The NSA’s Doublepulsar attack tool infected nearly 80,000 systems over the past weekend alone, according to worldwide scans
An attack tool developed by the US’ National Security Agency (NSA) and released online earlier this month has already been used to infect nearly 200,000 systems worldwide, with the number rising by nearly 80,000 over the past weekend alone, researchers said.
The Doublepulsar exploit tool had infected 106,410 systems as of Friday, with the figure rising to 183,107 by Monday, said Binary Edge, a Swiss computer security firm.
The US was by far the biggest target, with nearly 70,000 infections, followed by Hong Kong with fewer than 10,000.
Binary Edge said it scanned Internet hosts worldwide that had port 445 open – the port used by Doublepulsar – and applied a detection script developed by security company Countercept.

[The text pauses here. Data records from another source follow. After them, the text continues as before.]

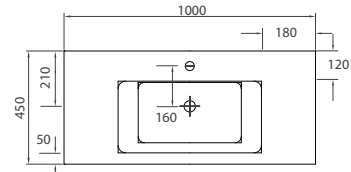

ETNA 1100 | 1000x450x165mm | 219,90 €

Cod. 5206836013008

Lavabo sospeso • Lavabo suspendu

Wall hung wash basin • Νιπήρας αναρτώμενος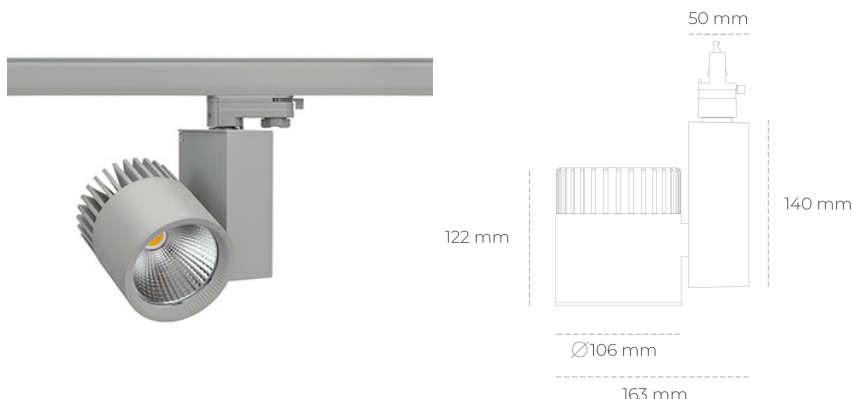

SPOTLIGHT SNIPER A 850 27W 45° GREY | ON/OFF

LED	COB
Barwa światła	5000 [K] |
CRI	80
Strumień led chip	4053 [lm]
Strumień światła z oprawy	3242 [lm]
Zasilanie systemu	27 [W]
Wydajność oprawy oświetleniowej	120 [lm/W]
Kąt świecenia	45°
Sterowanie	ON/OFF
MacAdam	3 SDCM

Spotlight LED

Oprawa oświetleniowa typu reflektor LED. Przeznaczona do montażu w szynoprzewodzie. Obudowa wraz z ramieniem wykonane są z aluminium. Dostępność w kolorze białym, czarnym i szarym. Na zamówienie istnieje możliwość lakierowania na dowolny kolor z palety RAL. Dostępne odbłyśniki w kątach 15, 20, 30, 45 i 60 stopni. Maksymalna moc oprawy to 37W.

OPRAWA

Waga	1,31 [kg]
Ochronność IP , IK , klasa	IP 20, IK 3,
Kolor oprawy	GREY
Rodzaj przesłony	Glass
Napięcie zasilania	220-240V 50-60Hz

Uwaga: Wszystkie dane są wartościami typowymi. Tolerancja pomiarów +/-10%. Funkcje systemu mogą ulec zmianie wraz z ulepszeniami produktu ze względu na postęp techniczny.

OPCJE

kolor oprawy do wyboru z palety RAL - na zapytanie, przesłona antyodblśnienna "plaster miodu", możliwość sterowania mocą świecenia za pomocą systemu CASAMBI / DALI / PHASE CUT

Wygenerowano: 26.06.2024

+48 32 388 80 00

www.cora.pl
cora@cora.pl

Ulica: Ignatza Hakuby 18
41-914 Bytom, Polska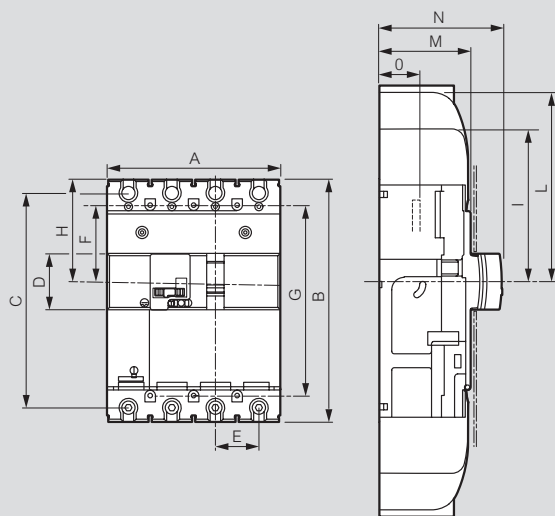

Cotes d'encombrement

DPX³ 250 AB

	A	B	C	D	E	F	G	H	I	L	M	N	O
4P	140	165	115	45	27	62,5	110	72,5	102,5	125	74	100	18
DIFF.	140	195	145	45	27	62,5	140	72,5	102,5	125	74	100	18

DPX³ 400 AB

Disjoncteurs de branchement version Enedis	Raccordement par cosse		Raccordement par barres	Raccordement par bornes à cage	
	Câble cuivre	Câble alu	Barres souples	Câble rigide	Câble souple
60 à 240 A	150	185	5 x 20	185	150
260 à 400 A	240	300	5 x 32	300	240

Relais différentiel réf. 0 260 88

Tores réf. 0 260 92/93/95/96 Tore réf. 0 260 97

Réf.	A	B	C	D	E	H	L	M
0 260 92	35	75	85	42	92	36	43	56
0 260 93	80	108	132	67	125	36	65	56
0 260 95	140	177	206	104	200	36	102	56
0 260 96	210	270	295	150	290	44	145	64
0 260 97	150	225	259	133	245	45	95	79

Tore réf. 0 260 98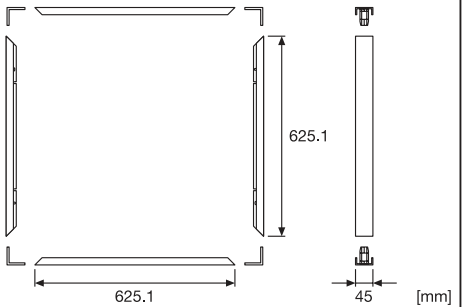

## PANEL IndiviLED® 600/625

	EAN	l x w x h [mm]	W	lm	lm/W	K	IP	IK
PANEL INDV 600 33W/3000K	4058075201132	595 x 595 x 13	33	3800	115	3000	40	08
PANEL INDV 600 33W/4000K	4058075201156	595 x 595 x 13	33	4000	120	4000	40	08
PANEL INDV 625 33W/3000K	4058075201170	620 x 620 x 13	33	3800	115	3000	40	08
PANEL INDV 625 33W/4000K	4058075201194	620 x 620 x 13	33	4000	120	4000	40	08

Surface Mount Kit 600x600

EAN 4058075108769

Surface Mount Kit 625x625

EAN 4058075108783

Surface Mount Kit Value 600x600

EAN 4058075075795

Surface Mount Kit Value 625x625

EAN 4058075091412

Binary Edge said Doublepulsar is “beautifully designed” and doesn’t require much technical sophistication to use, meaning online criminals have been able to rapidly adopt it since its release on 7 April.
The findings are a particular cause for concern since the security vulnerability exploited by Doublepulsar was patched in the MS17-010 fix released in Microsoft’s March update, a full month before the exploit was made public.
Ease of use
Doublepulsar is the payload of a number of NSA infection tools and once exploited allows an attacker to execute arbitrary code, effectively delivering complete control of the system.
Industry observers compared it to Conficker, a computer worm first detected in 2008 that spread widely and has proven particularly difficult to eradicate.
The difference, however, is that Doublepulsar and the other NSA tools are so easy to exploit, with researchers noting that step-by-step walkthroughs on their use have been posted on YouTube.
Doublepulsar and other materials allegedly stolen from the NSA have been published over the past several months by a group calling itself Shadow Brokers.
The most recent release included presentations and other materials suggesting the NSA compromised systems linked to the international SWIFT money transfer system in order to trace transfers linked to criminal or militant groups.